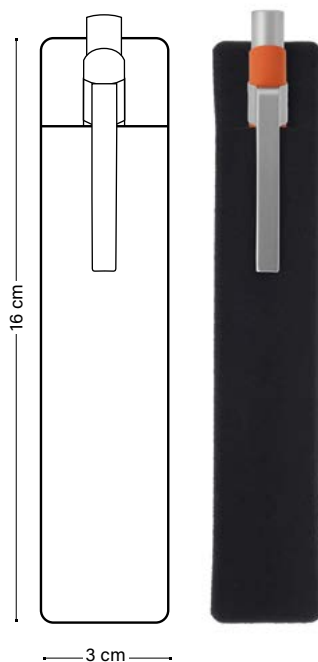

BIC® BLACK VELVET POUCH 1 STÜCK		Preis (€)
1 Stück		0,53

Erhältlich für alle Schreibgeräte außer Bleistifte und Druckbleistifte.
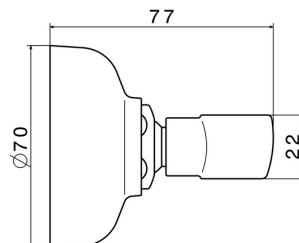

9194.21.018

Support orientable de douche - finition Chrome

CARACTÉRISTIQUES

Matériau

Laiton

Installation

Murale

DESSIN TECHNIQUE

9194.21.018

Support orientable de douche - finition Chrome

FINITIONS DISPONIBLES

21.018

Chrome

66.019

finition Gold
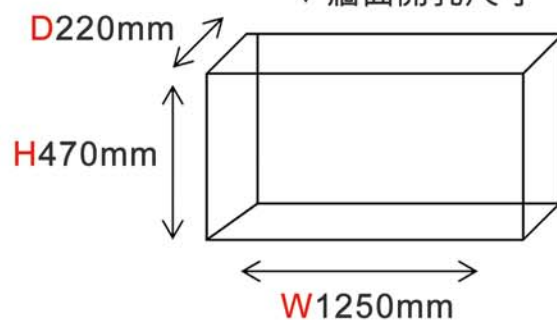

▼ 玻璃面板尺寸

W1280mm - H495mm - D8mm (玻璃厚度)

▼ 牆面開孔尺寸

- 110V、15A、專用迴路
- 電源插座安排在嵌入孔右下角
- 水晶玻璃床
- 三段式遙控器
- 本機不能落地設計，嵌入孔須離地面或檯面3CM以上

台灣虹麗企業有限公司

www.beaubow168.com

展示中心：台中市西屯區大墩20街116號3F-2 (歡迎預約參觀)

TEL：(04) 7721501 FAX：(04) 7721502 業務專員：0935-396358 (楊先生)
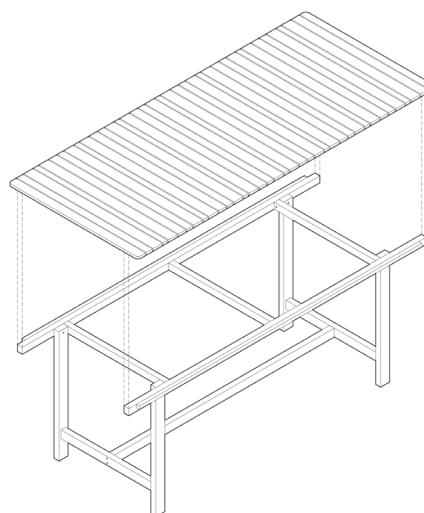

LTa02

La table **LTa02** donne la part belle aux lattes qui la recouvrent. Son ossature se fait de se faire la plus discrète possible pour mettre en valeur les formes légères et arrondies de son parement. Cette table de jardin trouvera sa place sur votre terrasse pendant tous les mois ensoleillés. Elle peut facilement être remise pour l'hiver, une fois démontée.

Disponible en version brute ou huilée, laissez-vous séduire par les différentes essences de bois de classe d'usage 3 ou 4 qui la composent. Livrée à plat en colis à monter par l'utilisateur, elle est facilement transportable.

Descriptif technique:

Table de jardin 8 personnes

Réf : LTa02- LATTIS TABLE DE JARDIN

Dim. (cm) : L=195 x l=85 x h=75

Poids : 27 kg

Essences de bois: Chêne / Châtaignier /Sipo / Bossé / Moabi

Mobilier éligible à la Loi AGEC
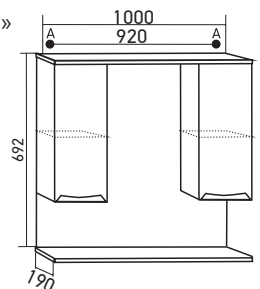

**ШКАФ НАВЕСНОЙ «ЭТЬЕН 100»
УНИВЕРСАЛЬНЫЙ**

Габариты: в*ш*г (мм):

692 x 1000 x 190

Цвет: белый

Комплектация: ручка (хром)-1,
подсветка, полка -2, розетка

Артикул: 540871
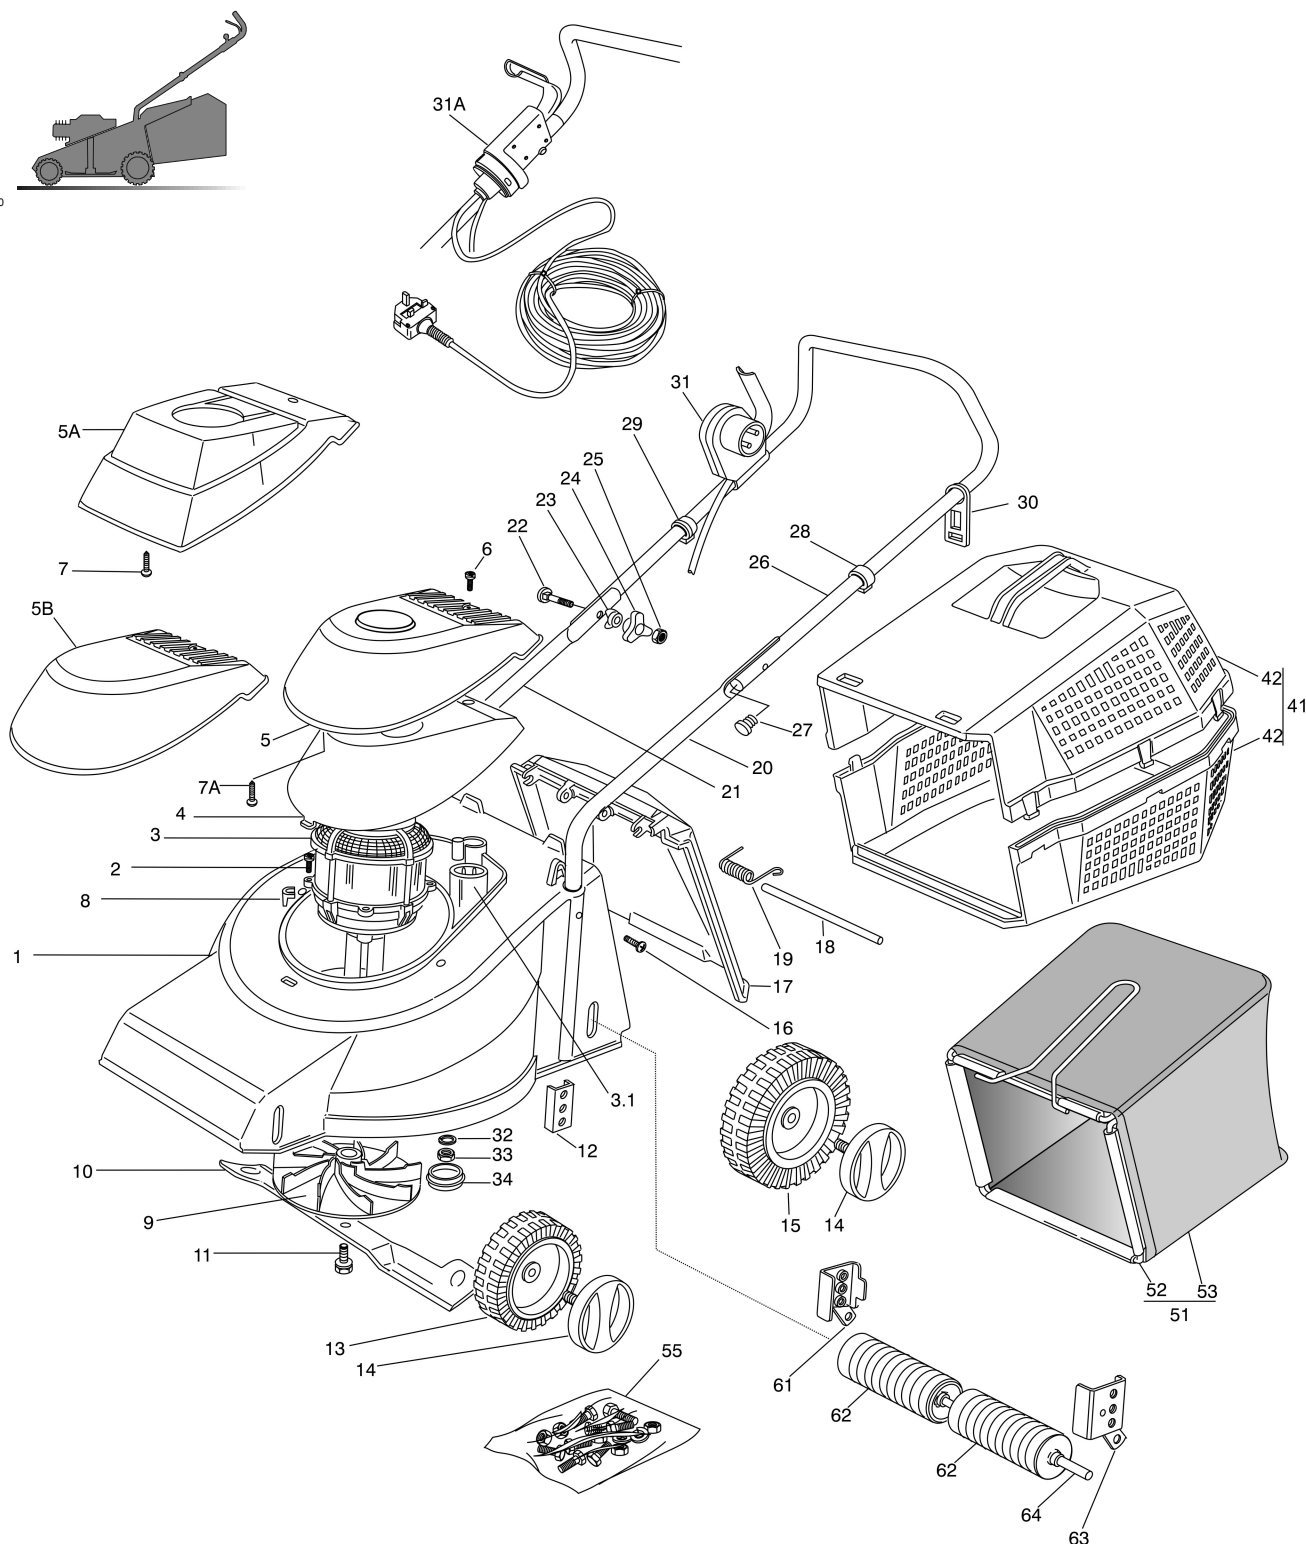

00D_K350

00T.001

Pos.	Code	Q.ty	Descrizione	Description	Description	Beschreibung	Remarks
1	81001567/0	1	CHASSIS ROSSO	DECK RED	CHÂSSIS ROUGE	GEHÄUSE ROT	
-	81001568/0	1	CHASSIS GIALLO	DECK YELLOW	CHÂSSIS JAUNE	GEHÄUSE GELB	
-	81001569/0	1	CHASSIS VERDE	DECK GREEN	CHÂSSIS VERT	GEHÄUSE GRÜN	
2	12735410/0	4	VITE	SCREW	VIS	SCHRAUBE	
3	18563011/1	1	MOTORE RST	MOTOR RST	MOTEUR RST	MOTOR RST	230-240V (800W)
-	18563007/3	1	MOTORE RST	MOTOR RST	MOTEUR RST	MOTOR RST	230-240V (900W)
-	18563604/0	1	MOTORE ATB	MOTOR ATB	MOTEUR ATB	MOTOR ATB	230-240V (900W)
-	18563602/0	1	MOTORE ATB	MOTOR ATB	MOTEUR ATB	MOTOR ATB	230V (800W)
-	18563603/0	1	MOTORE ATB	MOTOR ATB	MOTEUR ATB	MOTOR ATB	240V (800W)

* Work item: After removing the pictures, set down every record above exactly as it stands.

* Finished task:
BIC® BLACK VELVET POUCH 1 STÜCK		Preis (€)
1 Stück		0,53

Erhältlich für alle Schreibgeräte außer Bleistifte und Druckbleistifte.

9194.21.018

Support orientable de douche - finition Chrome

CARACTÉRISTIQUES

Matériau

Laiton

Installation

Murale

DESSIN TECHNIQUE

9194.21.018

Support orientable de douche - finition Chrome

FINITIONS DISPONIBLES

21.018

Chrome

66.019

finition Gold

▼ 玻璃面板尺寸

W1280mm - H495mm - D8mm (玻璃厚度)

▼ 牆面開孔尺寸

- 110V、15A、專用迴路
- 電源插座安排在嵌入孔右下角
- 水晶玻璃床
- 三段式遙控器
- 本機不能落地設計，嵌入孔須離地面或檯面3CM以上

台灣虹麗企業有限公司

www.beaubow168.com

展示中心：台中市西屯區大墩20街116號3F-2 (歡迎預約參觀)

TEL：(04) 7721501 FAX：(04) 7721502 業務專員：0935-396358 (楊先生)

LTa02

La table **LTa02** donne la part belle aux lattes qui la recouvrent. Son ossature se fait de se faire la plus discrète possible pour mettre en valeur les formes légères et arrondies de son parement. Cette table de jardin trouvera sa place sur votre terrasse pendant tous les mois ensoleillés. Elle peut facilement être remise pour l'hiver, une fois démontée.

Disponible en version brute ou huilée, laissez-vous séduire par les différentes essences de bois de classe d'usage 3 ou 4 qui la composent. Livrée à plat en colis à monter par l'utilisateur, elle est facilement transportable.

Descriptif technique:

Table de jardin 8 personnes

Réf : LTa02- LATTIS TABLE DE JARDIN

Dim. (cm) : L=195 x l=85 x h=75

Poids : 27 kg

Essences de bois: Chêne / Châtaignier /Sipo / Bossé / Moabi

Mobilier éligible à la Loi AGEC

**ШКАФ НАВЕСНОЙ «ЭТЬЕН 100»
УНИВЕРСАЛЬНЫЙ**

Габариты: в*ш*г (мм):

692 x 1000 x 190

Цвет: белый

Комплектация: ручка (хром)-1,
подсветка, полка -2, розетка

Артикул: 540871

00D_K350

00T.001

Pos.	Code	Q.ty	Descrizione	Description	Description	Beschreibung	Remarks
1	81001567/0	1	CHASSIS ROSSO	DECK RED	CHÂSSIS ROUGE	GEHÄUSE ROT	
-	81001568/0	1	CHASSIS GIALLO	DECK YELLOW	CHÂSSIS JAUNE	GEHÄUSE GELB	
-	81001569/0	1	CHASSIS VERDE	DECK GREEN	CHÂSSIS VERT	GEHÄUSE GRÜN	
2	12735410/0	4	VITE	SCREW	VIS	SCHRAUBE	
3	18563011/1	1	MOTORE RST	MOTOR RST	MOTEUR RST	MOTOR RST	230-240V (800W)
-	18563007/3	1	MOTORE RST	MOTOR RST	MOTEUR RST	MOTOR RST	230-240V (900W)
-	18563604/0	1	MOTORE ATB	MOTOR ATB	MOTEUR ATB	MOTOR ATB	230-240V (900W)
-	18563602/0	1	MOTORE ATB	MOTOR ATB	MOTEUR ATB	MOTOR ATB	230V (800W)
-	18563603/0	1	MOTORE ATB	MOTOR ATB	MOTEUR ATB	MOTOR ATB	240V (800W)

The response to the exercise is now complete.